Из всех качеств князя Даниил превозносит его щедрость и восхваляет богатство: «Да не будет сжата рука твоя, княже мой, господине, на подаяние бедным: ибо ни чашею моря не вычерпать, ни нашими просьбами твоего дому не истощить. Как невод не удерживает воды, а только рыб, так и ты, княже, не удерживай злата и серебра, а раздавай их» или «Ибо щедрый князь - отец многим слугам: многие ведь оставляют отца и матерь и к нему приходят:. Ибо щедрый князь - как река, текущая без берегов через дубравы, поит не только людей, но и зверей; а скупой князь - как река в берегах, а берега каменные: нельзя ни самому напиться, ни коня напоить».

Свою нищету Даниил подчеркивает по принципу контраста с богатством князя: «: и покрыла меня нищета, как Красное море фараона». «Ибо я, княже господине, как трава чахлая, растущая под стеною:», «Я ведь, княже, как дерево при дороге: многие обрубают ему ветви и в огонь кидают; так и я всеми обижаем, ибо не огражден страхом грозы твоей». Стилистика просьб подсказывает, что Даниил не один: «Посмотри на птиц небесных -не пашут они, ни сеют, но уповают на милость божию; так и мы, господине, ищем милости твоей» . Одного не лишен Даниил - ума: «Господине мой! Не смотри на внешность мою, но посмотри, каков я внутри. Я, господине, хоть одеянием и скуден, но разумом обилен; юн возраст имею, а стар смысл во мне. Мыслию бы парил, как орел в воздухе.

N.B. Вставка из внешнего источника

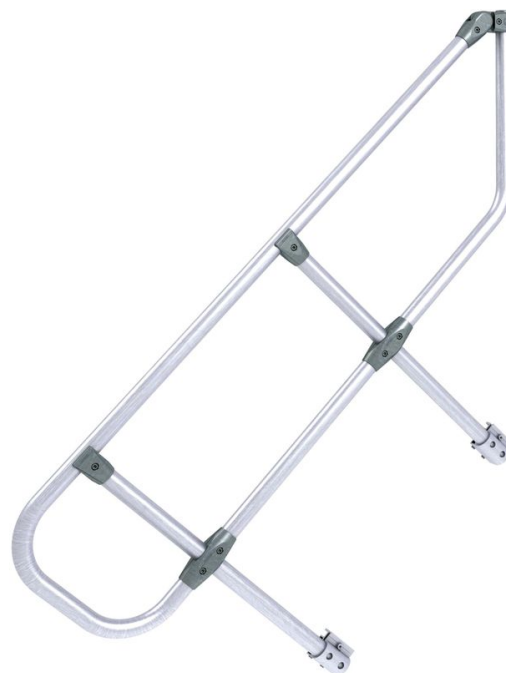

Leuning, 9 treden - 42355303

Zijdelingse valbeveiliging voor veilig betreden.

Productomschrijving

Producteigenschappen

Omschrijving

**Leuning aan één
zijde**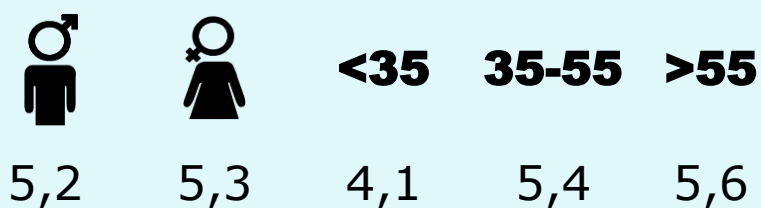

## SEXE I EDAT

Àrea: Caldes de Montbui

Ha llegit algun cop la publicació  
Resultats per sexe i edat

Univers: Població general

Temps d'audiència per sexe i edat  
Minuts setmanals / persona

Univers: Població general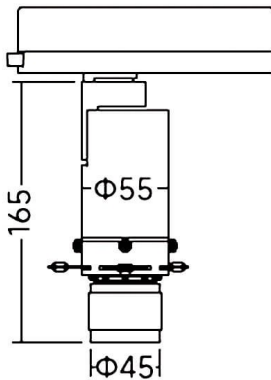

**Art track**

Proyector a carril Lavov de la familia Art track con una potencia de 10W y una optica ajustable de 21-34 grados.CCT 4000K. Con un flujo luminoso total de 380-430lm y una eficacia luminosa de 38-43 lm/W. Estabilidad de color SDCM2 .CCT 4000K Driver ON-OFF.Fabricado en aluminio inyectado a presión y acabado en color Blanco.

**Dimensions**

Product dimensions (mm) **Ø55X165mm**

**Esquema**

|                         |                             |
|-------------------------|-----------------------------|
| <b>Código artículo</b>  | <b>86.T019.14Z1.01</b>      |
| <b>Tipo de producto</b> | <b>Indoor</b>               |
| <b>Categoría</b>        | <b>Proyectores a carril</b> |
| <b>Familia</b>          | <b>Art track</b>            |
| <b>Subfamilia</b>       | <b>Art track</b>            |
| <b>Pictograms</b>       |                             |

|                                     |                      |
|-------------------------------------|----------------------|
| <b>Producto</b>                     |                      |
| <b>Potencia real (W)</b>            | <b>10</b>            |
| <b>Flujo luminoso real (lm)</b>     | <b>380-430</b>       |
| <b>Eficacia luminosa (lm/W)</b>     | <b>38-43</b>         |
| <b>Ángulo de apertura</b>           | <b>21-34</b>         |
| <b>Tiempo de vida</b>               | <b>50000h L80B10</b> |
| <b>IP</b>                           | <b>20</b>            |
| <b>Clase de aislamiento</b>         | <b>Clase I</b>       |
| <b>Color</b>                        | <b>Blanco</b>        |
| <b>Equipo</b>                       | <b>ON-OFF</b>        |
| <b>Fuente de luz</b>                | <b>LED</b>           |
| <b>Tipo de LED</b>                  | <b>COB</b>           |
| <b>Temperatura de color (K)</b>     | <b>4000</b>          |
| <b>Consistencia de color (SDCM)</b> | <b>SDCM2</b>         |
| <b>CRI</b>                          | <b>90</b>            |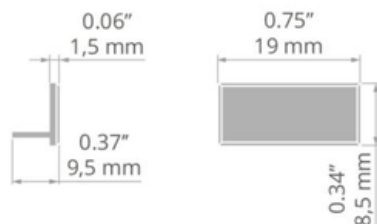

Art.Nr.: 9524 9524HR-ALU

Markenzeichen: KLUŠ®

Opale LED-Abdeckung KLUS HR-ALU-15

Art.Nr.: 9524HR-ALU-Abd

Markenzeichen: KLUŠ®

Endkappe HR-ALU

Art.Nr.: 9524HR-ALU-End

Markenzeichen: KLUŠ®

Montageanleitung

1

2

3

4

5

6

Montageanleitung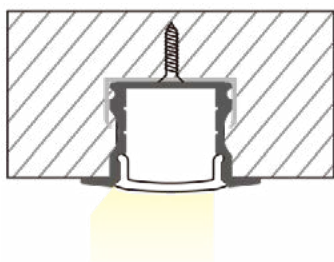

# LEDAPR1425200A

Perfil de Aluminio para empotrar Y16 200cm 14x25mm

Perfil de alumínio de embutir Y16 200cm 14x25mm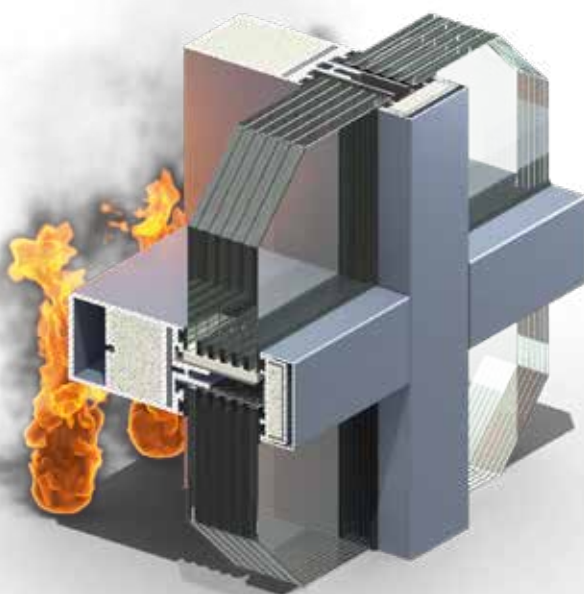

## EI120 Brandklassificeret intern facadevæg

ALUFLAM AW60 FR facadesystem er konstrueret af smalle kuldebro isoleret aluminiumprofiler med et patenteret brandhæmmende materiale.

Fås i brandklasserne E/EW/EI60 og EI120 med henholdsvis 60 og 120 minutters brandbeskyttelse. Produkterne er fuldt testet i forskellige europæiske laboratorier i henhold til EN-standarder.

- Vores AW60-facadesystem overholder EN 12600-standarderne
- Brandklassificering E/EW/EI60 og 120
- Barriere mod termisk stråling
- Større glas kan konfigureres med dette system
- Æstetisk udtryk med en smal profilhøjde på 60 mm.
- God lydæmpning
- Tilgængeligt i enkeltvindue og flerfeltet design
- Overfladebehandling i RAL- eller NCS-farver, eller anodisering.

Sprosse

Lodret profil

Billedet viser resultat efter 120 minutters test. Billedet er taget på den u-eksponerede side.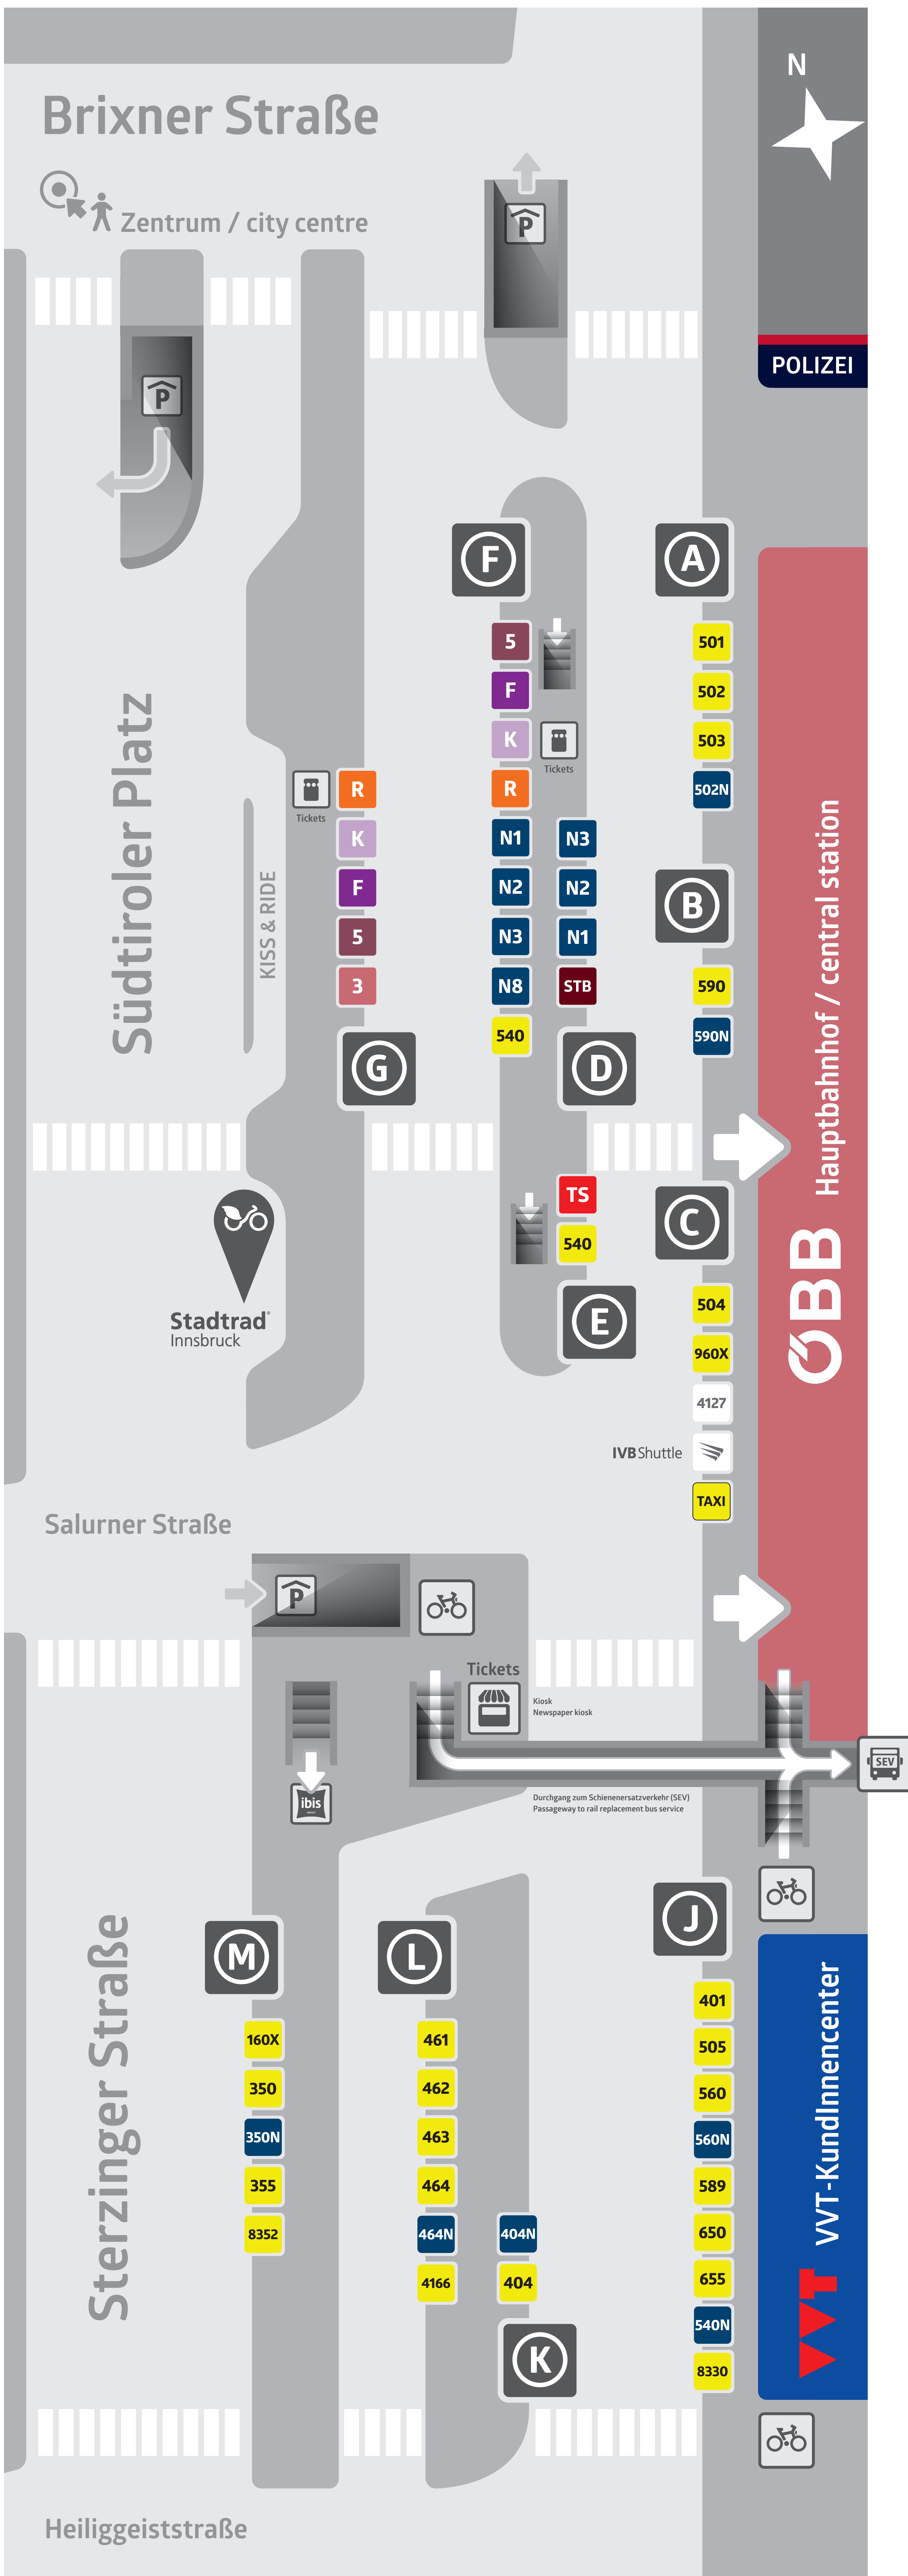

Haltestellenübersicht

Overview of bus and tram stops

Abfahrt der folgenden Linien

Departure of following lines

■ Stadtverkehr / City Lines
 ■ Regionalverkehr / Regional Lines
 ■ Nightliner

Line	Route
A	
501	Innsbruck - Rum - Absam - Hall i. T. Kurhaus
502	Innsbruck - Rum - Absam - Eichat Föhrenwald
503	Innsbruck - Rum - Absam - Eichat Föhrenwald - Hall i. T. Kurhaus
502N	Nightliner / Innsbruck - Rum - Absam - Eichat Föhrenwald
B	
590	Innsbruck - Schönberg i. St. - Fulpmes - Neustift i. St. - Volderau - Stubai Gletscher
590N	Nightliner / Innsbruck - Schönberg i. St. - Fulpmes - Neustift i. St. - Volderau
C	
504	Innsbruck - Rum - Hall i. T. Milser Straße
960X	Innsbruck - Sillian - Lienz
4127	Innsbruck - Wattens Kristallwelten (kein Verbundtarif / no internal ticket price)
	IVB-Anrufsammeltaxi +43 512 55 17 19 (hier gilt ein eigener Tarif / special ticket price applies) / IVB-Shuttle
D	
STB	Innsbruck - Natters - Mutters - Telfes i. St. - Fulpmes
N1	Nightliner / Siegleranger
N2	Nightliner / Technik
N3	Nightliner / Rehgasse
E	
540	Hall i. T. via Aldrans - Rinn - Tulfes
TS	Sightseer (Hop on - Hop off Bus, hier gilt ein eigener Tarif / special ticket price applies)
F	
5	Rum Bahnhof
F	Neu-Rum Kaplanstraße
K	Kranebitten Bahnhof
R	DEZ / Einkaufszentrum
N1	Nightliner / Grabenweg
N2	Nightliner / Kajetan-Sweth-Straße
N3	Nightliner / Jugendherberge
N8	Nightliner / Kranebitten Bahnhof
540	Kletterzentrum
G	
3	Amras (via Anichstraße / Rathausgalerien)
5	Technik West
F	Flughafen / Airport
K	Wiesengasse
R	Rehgasse
J	
401	Innsbruck - Natters
505	Innsbruck - DEZ - Ampass - Hall i. T.
560	Innsbruck - Patsch - Ellbögen - Matrei a. Br. - Steinach a. Br.
560N	Nightliner / Innsbruck - Patsch - Ellbögen - Matrei a. Br. - Steinach a. Br. - Gries a. Br.
589	Innsbruck - Unterberg - Schönberg i. St.
650	Innsbruck - Hall i. T. - Wattens - Schwaz
655	Innsbruck - DEZ - Hall i. T. / Wattens - Schwaz (Express)
540N	Nightliner / Innsbruck - Ampass - Aldrans - Sistrans - Rinn - Tulfes - Hall i. T.
8330	Innsbruck - Jenbach - Mayrhofen
K	
404	Innsbruck - Götzens - Birgitz - Axams - Grinzens
404N	Nightliner / Innsbruck - Natters - Mutters - Götzens - Birgitz - Axams - Grinzens
L	
461	Innsbruck - Völs - Kematen i. T. - Oberperffussberg
462	Innsbruck - Völs - Kematen i. T. - Oberperffuss
463	Innsbruck - Technik - Völs - Kematen i. T. - Unterperffuss - Ranggen - Oberperffuss
464	Innsbruck - Völs - Kematen i. T. - Unterperffuss - Ranggen - Oberperffussberg
464N	Nightliner / Innsbruck - Völs - Kematen i. T. - Unterperffuss - Ranggen - Oberperffussberg
4166	Innsbruck - Völs - Kematen i. T. - Sellrain - Kühtai
M	
160X	Innsbruck - Telfs - Nassereith - Reutte
350	Innsbruck - Zirl - Petttau - Telfs - Nassereith
350N	Nightliner / Innsbruck - Zirl - Petttau - Telfs
355	Innsbruck - Telfs - Nassereith (Express)
8352	Innsbruck - Telfs - Mötztal - Silz - Haiming - Ötztal Bahnhof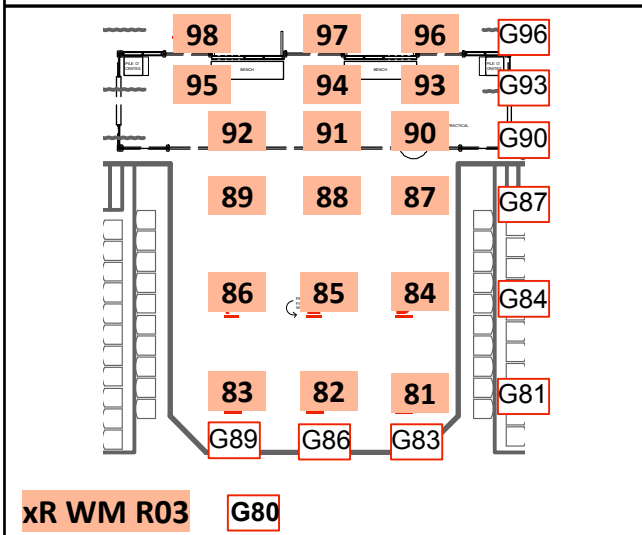

- 244-CAT 2 DS
- 245-CAT 2 DS
- 246-CAT 2 DS
- 247-CAT 1 DS
- 248-CAT 1 DS
- 249-ELECT #3
- SPARES

- 241-DSL SP
 - 242-MSC 2nd ACT
 - 243-RON/HAMM SP
 - 181-DR SP
 - 183-US RED SP
 - 184-NAT SP
 - 185-CRATE SP DSL
 - 187-MW DL
- SPECIALS**

INSURRECTION
MAGIC SHEET v.3
LD: CHRISTIAN DEANGELIS

HOUSE: 400 & 401

INSURRECTION
MAGIC SHEET v.3
LD: CHRISTIAN DEANGELIS

#1: 311

#2: 312

#3: 313

#3: 317

#4: 314

#5: 315

#6: 316

#6: 318

318	G316	317
316	315	314 G314
313	312	311 G311
G313	G315	G312
VL 1000 TS G320		

INSURRECTION
MAGIC SHEET v.3
LD: CHRISTIAN DEANGELIS

Но поставь сосуд гончарный под капельницу языка моего, да накаплет тебе слаще меду слова уст моих». «Отнять у себя право на ум - это значит бы отказаться и от прав на остроумие, на юмор. Поэтому многие из сообщаемых Даниилом о себе биографических сведений, жалобы на свои несчастия, на свое безденежье, трусость, на свою жену и пр. строго соответствуют литературной позиции Даниила как юмориста, смешащего читателя, а, может быть, и зрителя собой самим, своим положением» (Лихачев Д.С. Исследования, с. 198)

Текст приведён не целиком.